Summary Omics (NWI-MOL410)
2024/2025 Q2
Content
Week 1 - Introduction.............................................................................................................................1
Lecture: Introduction Pruijn................................................................................................................1
Lecture: Introduction Jansen..............................................................................................................5
Week 2 - Transcriptomics......................................................................................................................11
Week 3 - Proteomics, Interactomics, PTMs..........................................................................................17
Week 4 - Metabolomics........................................................................................................................25
Week 5 - Univariate Analysis, Clustering...............................................................................................36
Lecture univariate analysis...............................................................................................................36
Lecture clustering.............................................................................................................................42
Week 6 - Multivariate Analysis.............................................................................................................48
Lecture Unsupervised multivariate analysis.....................................................................................48
Lecture supervised multivariate analysis..........................................................................................53
Week 7 - Guest lecture and IPOP..........................................................................................................60
Week 1 - Introduction
Lecture: Introduction Pruijn
Omics = Collective characterization and quantification of pools of biological molecules that translate
into the structure, function, and dynamics of cells, tissue(s), an organism or organisms
Omics Comprehensive analysis of biological systems at the molecular level
Systems biology Biology that focuses on complex systems of life
History of omics
Modern uses of the term ‘omics’ derive from the term genome (hence genomics), a term
invented by Hans Winkler in 1920, although the use of –ome is older, signifying the
‘collectivity’ of a set of things.
The first genome was completely sequenced by Sanger in Cambridge, UK, in the 1970s.

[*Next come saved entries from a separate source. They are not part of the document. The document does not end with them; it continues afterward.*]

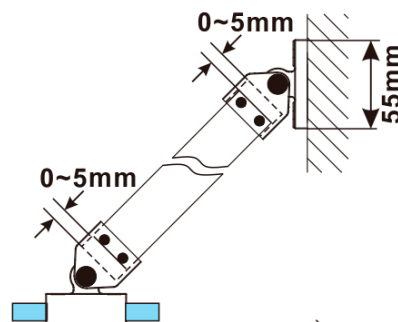

Objednací kód: ES1410

Základní informace

Značka: Polysan

Série: ESCA

Rozměry

Šířka: 967 mm

Výška: 2100 mm

Parametry

MODEL	A,mm
ES1070/ES1170/ES1270/ES1370/ES1470/ES1570	690-705
ES1080/ES1180/ES1280/ES1380/ES1480/ES1580	790-805
ES1090/ES1190/ES1290/ES1390/ES1490/ES1590	890-905
ES1010/ES1110/ES1210/ES1310/ES1410/ES1510	990-1005
ES1011/ES1111/ES1211/ES1311/ES1411/ES1511	1090-1105
ES1012/ES1112/ES1212/ES1312/ES1412/ES1512	1190-1205
ES1013/ES1113/ES1213/ES1313/ES1413/ES1513	1290-1305
ES1014/ES1114/ES1214/ES1314/ES1414/ES1514	1390-1405
ES1015/ES1115/ES1215/ES1315/ES1415/ES1515	1490-1505

MODEL	A,mm
ES1070/ES1170/ES1270/ES1370/ES1470/ES1570	690~705
ES1080/ES1180/ES1280/ES1380/ES1480/ES1580	790~805
ES1090/ES1190/ES1290/ES1390/ES1490/ES1590	890~905
ES1010/ES1110/ES1210/ES1310/ES1410/ES1510	990~1005
ES1011/ES1111/ES1211/ES1311/ES1411/ES1511	1090~1105
ES1012/ES1112/ES1212/ES1312/ES1412/ES1512	1190~1205
ES1013/ES1113/ES1213/ES1313/ES1413/ES1513	1290~1305
ES1014/ES1114/ES1214/ES1314/ES1414/ES1514	1390~1405
ES1015/ES1115/ES1215/ES1315/ES1415/ES1515	1490~1505

(Bacteriophage X174; 5,386 bp)
The word genomics appeared in the 1980s and became widely
used in the 1990s.
Genome is the most fundamental part of many omics.
Genomics may be described as the comprehensive analysis of DNA structure and function.

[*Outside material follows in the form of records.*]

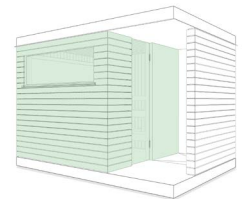

## Grundaufführung

- ▶ Kabine mit Sichtnut-Täferung nach Wahl: Polarkiefer | Espe | Erle
- ▶ Wandelemente als Rahmenkonstruktion mit Wärmedämmung und Dampfsperre
- ▶ Panoramafenster
- ▶ Aussenverkleidung mit Lärchenschalung
- ▶ Türe aus Sicherheitsglas 8 mm klar, verriegelbar
- ▶ Elektrischer Ofen für finnisches Saunaklima
- ▶ Rückenlehne mit indirektem LED warmweiss
- ▶ Türgriff nach Wahl: Metall oder Metall-/Holzkombination
- ▶ Liegen aus massiver Espe oder Erle, passend zur gewählten Innenverkleidung

## Optionen

- ▶ Ergänzung durch Vorraum mit Garderobe oder Dusche
- ▶ Vorraum mit Eckverglasung
- ▶ Verglasung mit Sichtschutz
- ▶ Combi-Ofen für Bio-Sauna
- ▶ Weiteres Panoramafenster oder rahmenlose Glasfront
- ▶ Zusätzliche Rückenlehne mit indirekter LED Beleuchtung
- ▶ Aussenverkleidung mit grossformatigen Fassadenplatten Weiss | Soft taupe | Urban grey | RAL-Farbe nach Wahl
- ▶ Ofenschutz
- ▶ Beleuchtung LED RGB
- ▶ Lautsprecher mit Bluetooth
- ▶ Zubehör-Set

## Nido auf einen Blick

- ▶ Individuell konfigurierbar
- ▶ Kurze Lieferfrist dank modularem Konzept
- ▶ Hochwertiges Schweizer Fabrikat

Nido - 226 x 220

Nido | Vorraum - 226 x 330

Nido XL - 226 x 300

Nido XL | Vorraum - 226 x 410

Understanding biological diversity at the whole genome level yields insight into the origins of
individual traits and disease susceptibility.
,The word ‘omics’ refers to a field of study in biology ending in the suffix –omics such as genomics,
proteomics, or metabolomics. The related ‘ome’ addresses the objects of study of such fields, such as
the genome, proteome, or metabolome, respectively. The term omics is derived from the Latin suffix
‘-ome’ meaning mass or many. Thus, omics involve a mass (large number) of measurements per
endpoint.
Classical approach: Analysis of one, or a few, molecules
Omics approach: Analysis of many molecules simultaneously
Types of omics
Genomics – genome (DNA)
Transcriptomics – transcriptome (RNA)
Proteomics – proteome (protein)
Metabolomics – metabolome (metabolites)
Interactomics – interactome
Antibodyomics – antibodyome
Epigenomics – epigenome
Lipidomics – lipidome
Etc etc
Genomics implies some hidden network among genetic elements. This network is regulated by many
other omics such as .transcriptomics, proteomics, metabolomics and interactomics.
Genomic variation; genotyping
Though organisms such as humans are quite similar at the genetic level, differences exist at a
frequency of about 1 in every 1000 nucleotide bases. This translates into
approximately 3 million base differences between each individual. Such changes are referred to as
single nucleotide polymorphisms (SNPs). A polymorphism is distinct from a mutation. The latter is
considered rare; affecting less than one percent of the species, whereas a polymorphism is relatively
common and its prevalence is not different to what is considered normal.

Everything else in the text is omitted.